**DIRECTIONS FOR THIS TASK:** The entries are to be reproduced word for word, with all images left out.

[Collected data entries]
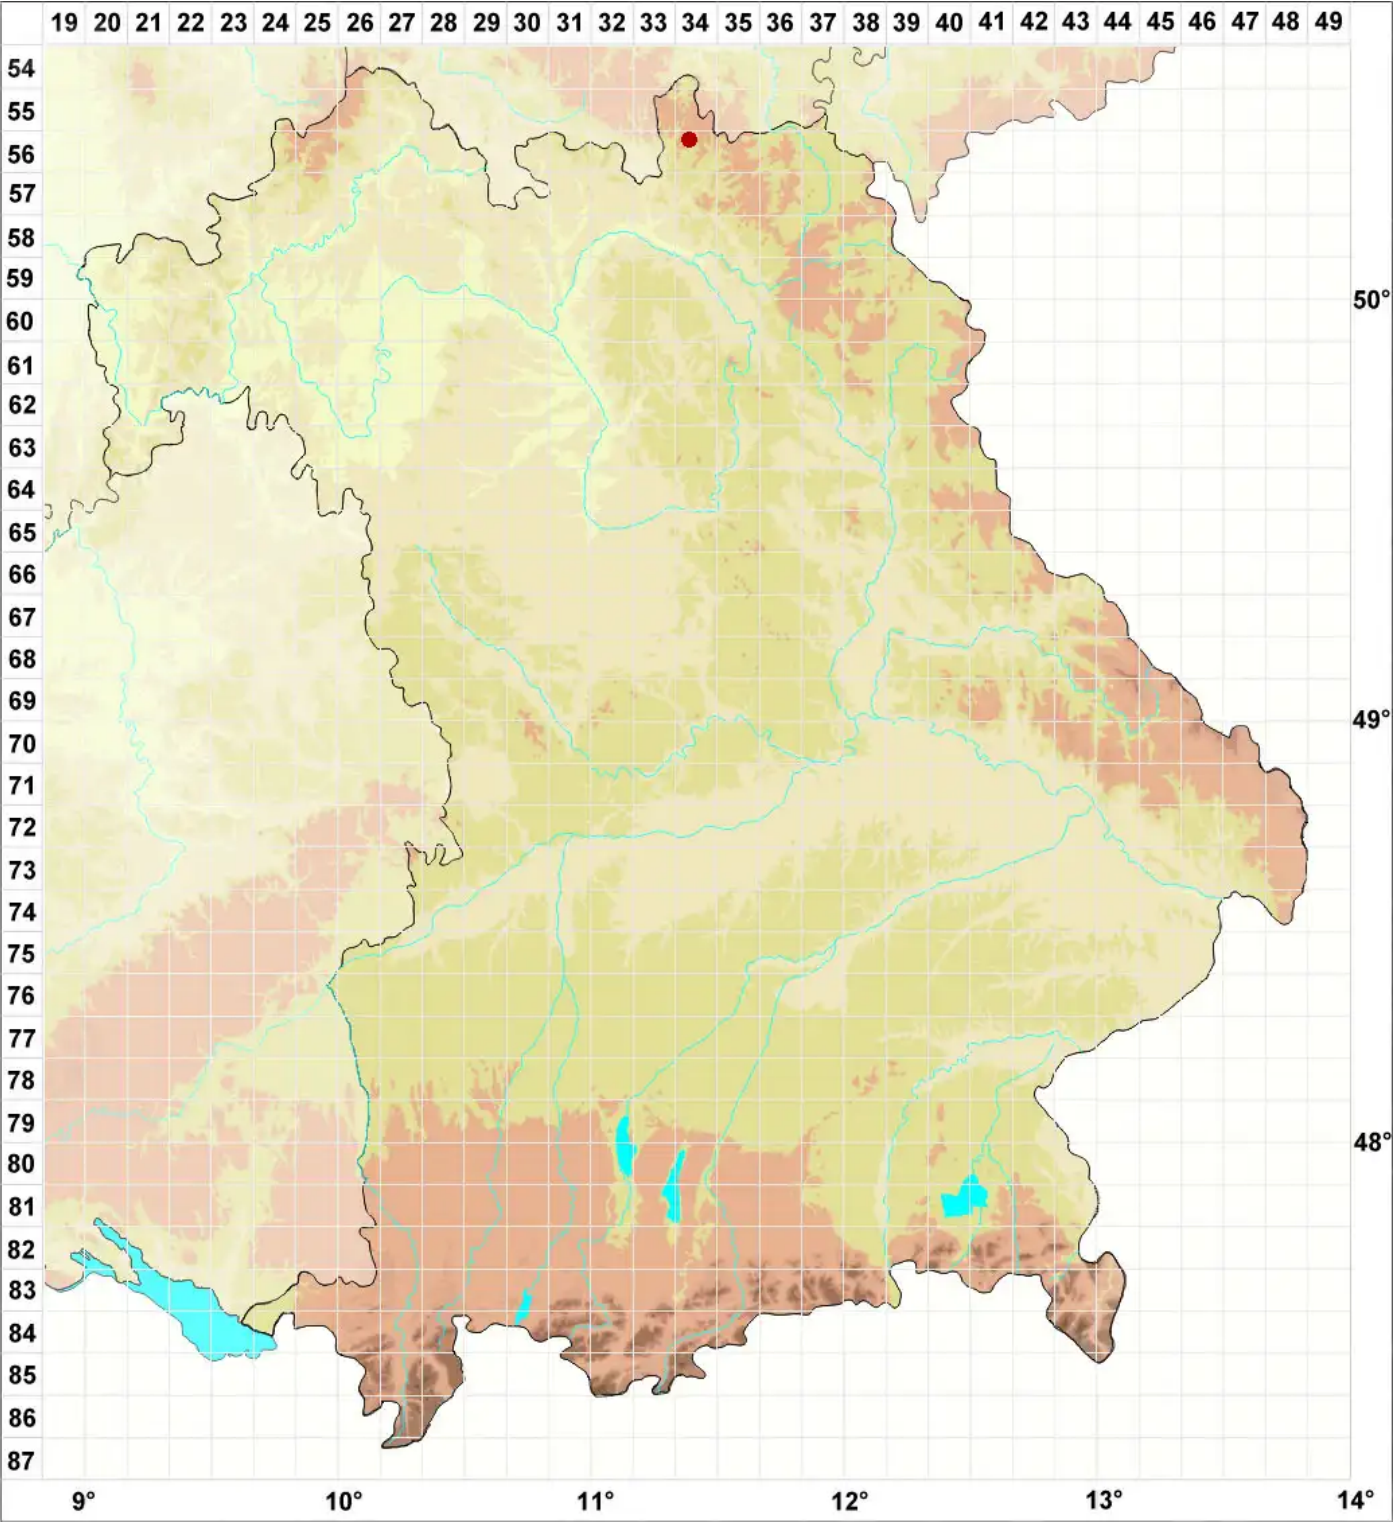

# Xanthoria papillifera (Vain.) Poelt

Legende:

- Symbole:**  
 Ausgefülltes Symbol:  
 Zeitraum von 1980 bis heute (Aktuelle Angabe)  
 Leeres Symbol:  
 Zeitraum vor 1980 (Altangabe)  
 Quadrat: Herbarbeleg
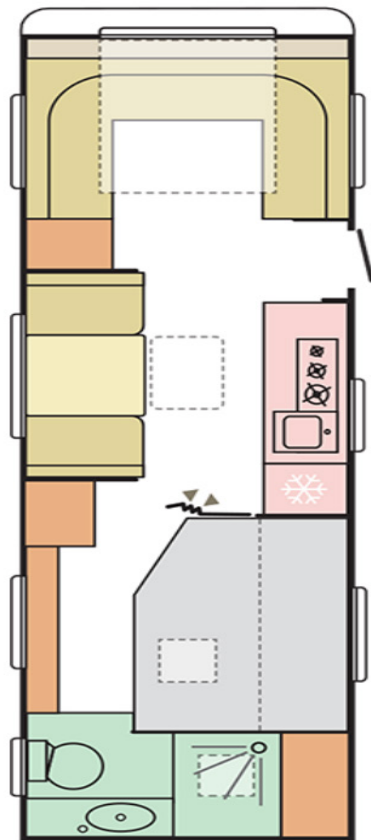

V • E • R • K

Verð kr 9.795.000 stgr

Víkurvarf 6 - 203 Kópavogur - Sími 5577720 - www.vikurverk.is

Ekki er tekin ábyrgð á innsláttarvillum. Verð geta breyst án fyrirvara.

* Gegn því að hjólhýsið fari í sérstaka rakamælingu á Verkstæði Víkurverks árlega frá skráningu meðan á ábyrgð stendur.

**EXERCISE RESPONSE:**
# Xanthoria papillifera (Vain.) Poelt

Legende:

- Symbole:**  
 Ausgefülltes Symbol:  
 Zeitraum von 1980 bis heute (Aktuelle Angabe)  
 Leeres Symbol:  
 Zeitraum vor 1980 (Altangabe)  
 Quadrat: Herbarbeleg

V • E • R • K

Verð kr 9.795.000 stgr

Víkurvarf 6 - 203 Kópavogur - Sími 5577720 - www.vikurverk.is

Ekki er tekin ábyrgð á innsláttarvillum. Verð geta breyst án fyrirvara.

* Gegn því að hjólhýsið fari í sérstaka rakamælingu á Verkstæði Víkurverks árlega frá skráningu meðan á ábyrgð stendur.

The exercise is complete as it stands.